- Aim of the task:
Write out exactly the lines below starting at the one containing "Published 30/04/2026" and ending at the one containing "High quality, robust". Omit every picture.

- Record extracts:
┄┄┄┄┄┄┄┄┄┄

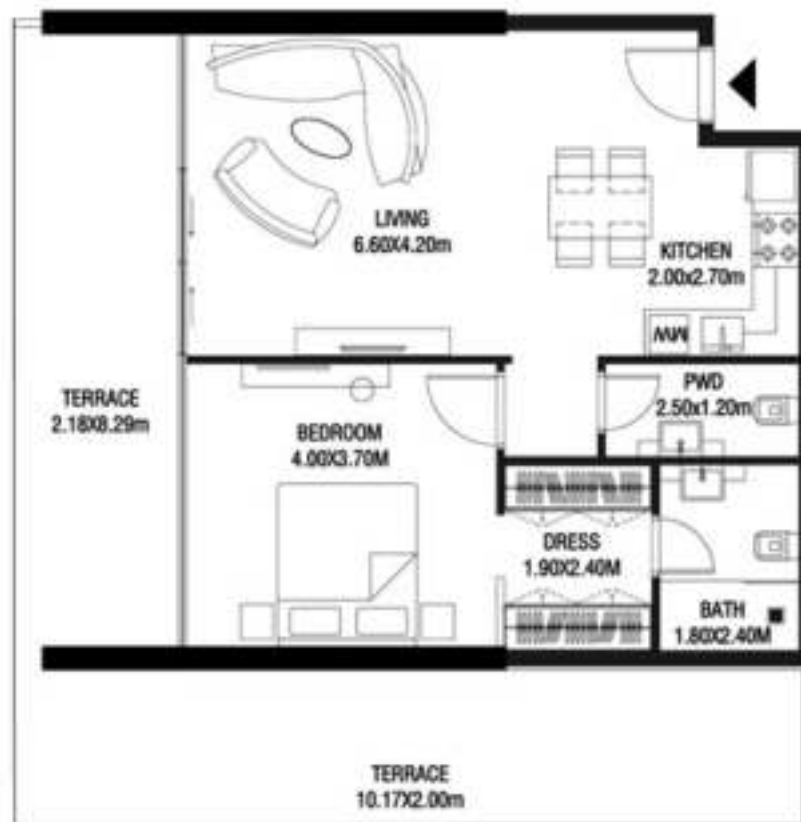

KARMA

DECA

1 BEDROOM-TYPE 1

LEVEL 4

UNIT 05

SUITE AREA	709.89 SQ.FT	65.95 SQ.M
TERRACE AREA	408.06 SQ.FT	37.91 SQ.M
TOTAL AREA	1117.95 SQ.FT	103.86 SQ.M

KEY PLAN

KARMA
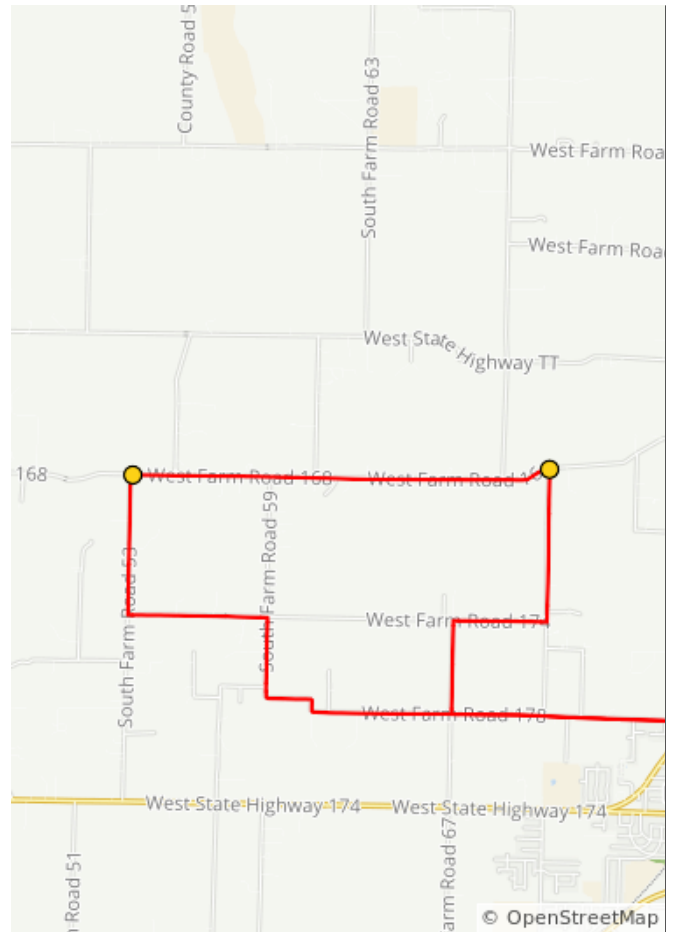

C7 (nwcc)

Num	Dist	Prev	Type	Note	Next
1.	0.0	0.0	📍	Start of route	0.0
2.	0.0	0.0	←	North on Main	0.0
3.	0.0	0.0	←	L on Logan	0.1
4.	0.2	0.1	→	R on College	0.1
5.	0.3	0.1	←	L on Hines	1.3

0.3 miles. +1/-21 feet

Num	Dist	Prev	Type	Note	Next
6.	1.6	1.3	→	R on 67	0.6
7.	2.1	0.6	→	R on 174	0.5
8.	2.6	0.5	←	L on 71	0.8

2.4 miles. +19/-55 feet

Num	Dist	Prev	Type	Note	Next
9.	3.5	0.8	←	L on 168	2.3
10.	5.7	2.3	←	L on 53	0.8

3.1 miles. +73/-131 feet

Num	Dist	Prev	Type	Note	Next
11.	6.5	0.8	←	L on 174	0.8
12.	7.3	0.8	→	R on 59	2.8

1.5 miles. +40/-85 feet

Num	Dist	Prev	Type	Note	Next
13.	10.1	2.8	→	R on College	0.1
14.	10.2	0.1	←	L on Logan	0.1
15.	10.4	0.1	→	R on Main to the church	0.0
16.	10.4	0.0	📍	End of route	0.0

3.1 miles. +18/-2 feet
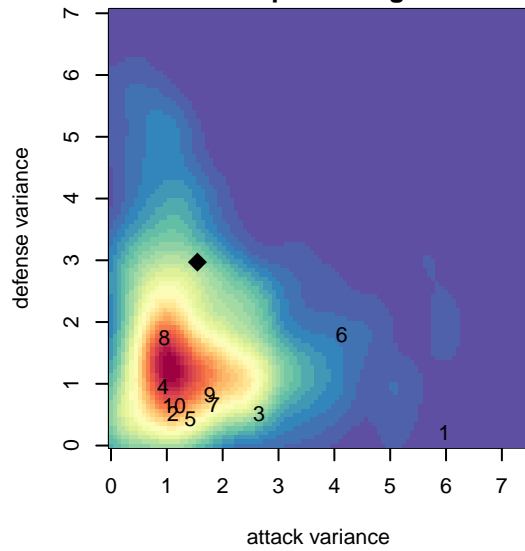

# FPSC Fury Black G05

Franklin Pierce SC  
 Tacoma, WA  
 G05 total strength=955  
 attack=2.39 defense=1.22  
 fall league = PSPL WNPL U13  
 spr league = Spr PSPL – '05 Super 2 U13

alt names used:  
 FPSC Fury G05 Black  
 FPSC Fury G05 Black  
 FPSC Fury G05 Black  
 FPSC FURY G05 BLACK  
 FPSC FURY G05 BLACK (WA)  
 FPSC Fury G05 Black  
 FPSC FURY G05 BLACK (WA)

**FPSC Fury Black G05**  
 Dots are actual minus expected GF (blue circles) and GA (red triangles).  
 Blue line is smoothed change in attack strength. Red is smoothed change in defense strength.

**attack and defense variance (black dot)  
relative to other teams  
and top 10 in region**
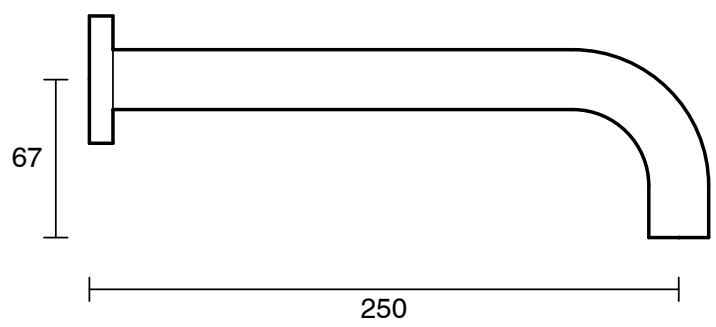

SUSSEX

Scala 25 Wall Outlet Curved 250mm PVD Matte Black (6 Star) Lead Free

51167

SPECIFICATIONS

Recommended Use	Residential;Commercial
Colour Finish	Matte Black
Primary Material	Lead Free Brass
Recommended Pressure Range	150 - 500 kPa as per AS3500
Max Continuous Working Temperature (deg C)	65
Min Continuous Working Temperature (deg C)	1

WARRANTY

Residential Use (Years)	40
Commercial Use (Years)	10

Please refer to Sussex Warranty page for full Terms and Conditions

Dimensions are nominal measurements only.

CLEANING RECOMMENDATIONS:

We recommend the use of soapy water or approved cleaners. This product should not be cleaned with abrasive materials. Damage caused by any improper treatment is not covered by the product warranty. Refer to Warranty Conditions

Disclaimer: Products in this specification manual must by regulation be installed by licensed and registered trade people. The manufacturer/distributor reserves the right to vary specifications or delete models from their range without prior notification. Dimensions are nominal measurements only. Dimensions and set-outs listed are correct at time of publication however the manufacturer/distributor takes no responsibility for printing errors.

Published 30/04/2026

To see the complete Sussex range go to www.reece.com.au
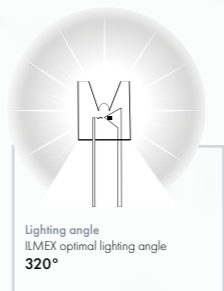

Product details

High quality, robust LED light thread, 13mm, with anti-UV PVC covering and horizontal conical LED for a wide projection angle. Flash effect for dynamism and movement.

Perfect for installations at heights that are out of reach. Available in various LED and covering colours.

📦 Pack: 51m/8,5kg/34 x 34 x 15cm

Accessories (not included) (more on page 214)

Power cord

Length: 1,5m
Voltage: 220-240V/50Hz
Plug: European
Reference: Gray cable* 4003070
Reference: White cable* 4003068

End cap

Reference: 4002758

Length: 1,5m
Voltage: 220-240V/50Hz
Plug: United Kingdom
Reference: Gray cable* 4002787

Junction connector

Reference: 4002760

Front connector

Reference: 4002988

Shrinkwrap tube

Colour: Transparent
Reference: 4003132

┄┄┄┄┄┄┄┄┄┄

- Written solution:
Published 30/04/2026

To see the complete Sussex range go to www.reece.com.au

Product details

High quality, robust LED light thread, 13mm, with anti-UV PVC covering and horizontal conical LED for a wide projection angle. Flash effect for dynamism and movement.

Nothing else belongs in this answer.